May this reminder of the truth of the resurrection of our Lord Jesus Christ comfort us, and encourage us in our faith and hope in him as we await his return.

“Christ is risen!”

“He is risen indeed!”

* * *

Now upon the first day of the week, very early in the morning, they came unto the sepulchre, bringing the spices which they had prepared, and certain others with them. And they found the stone rolled away from the sepulcher. And they entered in, and found not the body of the Lord Jesus.
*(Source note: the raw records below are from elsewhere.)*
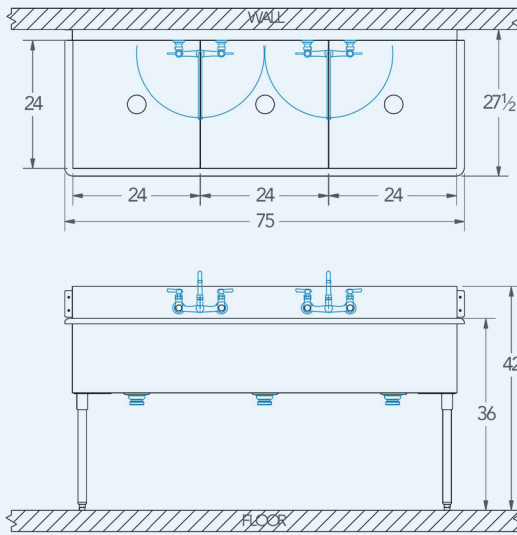

### Bowl (Lg x Wd x Dp)

24" x 24" x 14"

### Drainboard

Left: 0"

Right: 0"

### Overall (Lg x Wd x Ht)

75" x 27 1/2" x 42"

### Faucet Holes

1-1/8" Dia 8" Centers
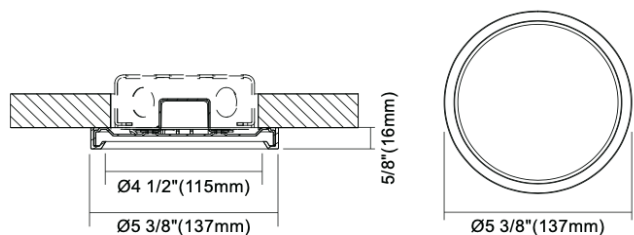

ADS5R9-5CCT

5" Surface Mount Edgelit Disk 10W 5CCT

DESCRIPTION

5" Multi-Purpose Surface Mounted Energy-Efficient Fixture
 Low Profile With Narrow Flange For Architectural Appearance
 User Selectable Light Color

DIMENSIONS OD 5 3/8" Thickness 5/8"

ORDERING GUIDE

	Trim	
ADS5R9-5CCT-WH	White	
ADS5R9-5CCT-BK	Black	

Project: _____

Location: _____

Model: _____ Qty: _____

Notes: _____

SPECIFICATION	
Applications	Multi Family, Residential, Office, Hotel
Energy Used	10 W
Color Temperature (K)	2700 3000 3500 4000 5000
Light Output (lm)	515 540 575 575 560
Halogen Equivalent	60 W
Beam Angle	100°
CRI	90 +
Driver Input	120V AC 50/60 Hz
Dimming	TRIAC Dimmers 10% - 100%
Approved Location	Wet Location
Air Tight	Yes
Ambient Temperature	-4°F (-20°C) to +104°F (+40°C)
Projected Life	70% Light Output at 50,000 Hours
Certification	cETLus, Energy Star, T24
Warranty	5 Year

And it came to pass, as they were much perplexed thereabout, behold, two men stood by them in shining garments.

And as they were afraid, and bowed down their faces to the earth, they said unto them, ‘Why seek ye the living among the dead? He is not here, but is risen: remember how he spoke unto you when he was yet in Galilee, saying, “The Son of man must be delivered into the hands of sinful men, and be crucified, and the third day rise again”.’

And they remembered his words, and returned from the sepulchre, and told all these things unto the eleven, and to all the rest. It was Mary Magdalene, and Joanna, and Mary the mother of James, and other women that were with them, which told these things unto the apostles. And their words seemed to them as idle tales, and they believed them not.

Then arose Peter, and ran unto the sepulchre, and stooping down, he beheld the linen clothes laid by themselves, and departed, wondering in himself at that which was come to pass.

* * *

And behold, two of them went that same day to a village called Emmaus, which was from Jerusalem about threescore furlongs. And they talked together of all these things which had happened. And it came to pass that while they communed together and reasoned, Jesus himself drew near, and went with them. But their eyes were held that they should not know him.

And he said unto them, ‘What manner of communications are these that ye have one to another, as ye walk and are sad?’

And the one of them, whose name was Cleopas, answering said unto him, ‘Art thou only a stranger in Jerusalem, and hast not known the things which are come to pass there in these days?’

And he said unto them, ‘What things?’

And they said unto him, ‘Concerning Jesus of Nazareth, which was a prophet mighty in deed and word before God and all the people. And how the chief priests and our rulers delivered him to be condemned to death, and have crucified him. But we trusted that it had been he which should have redeemed Israel: and besides all this, today is the third day since these things were done.

‘Yea, and certain women also of our company made us astonished, which were early at the sepulchre: and when they found not his body, they came, saying, that they had also seen a vision of angels, which said that he was alive. And certain of them which were with us went to the sepulchre, and found it even so as the women had said: but him they saw not.’

Then he said unto them, ‘O fools, and slow of heart to believe all that the prophets have spoken: ought not Christ to have suffered these things, and to enter into his glory?’ And beginning at Moses and all the prophets, he expounded unto them in all the scriptures the things concerning himself.

And they drew nigh unto the village, whither they went, and he made as though he would have gone farther. But they constrained him, saying, ‘Abide with us: for it is towards evening, and the day is far spent’. And he went in to tarry with them.

And it came to pass, as he sat at meat with them, he took bread, and blessed it, and broke, and gave to them. And their eyes were opened, and they knew him, and he vanished out of their sight.

And they said one to another, ‘Did not our heart burn within us, while he talked with us by the way, and while he opened to us the scriptures?’

And they rose up the same hour, and returned to Jerusalem, and found the eleven gathered together, and them that were with them, saying, ‘The Lord is risen indeed, and hath appeared to Simon’.

And they told what things were done in the way, and how he was known of them in breaking of bread.

Luke 24:1-35 (Norton, David, ed. The New Cambridge Paragraph Bible. © Cambridge University Press 2005, 2011.)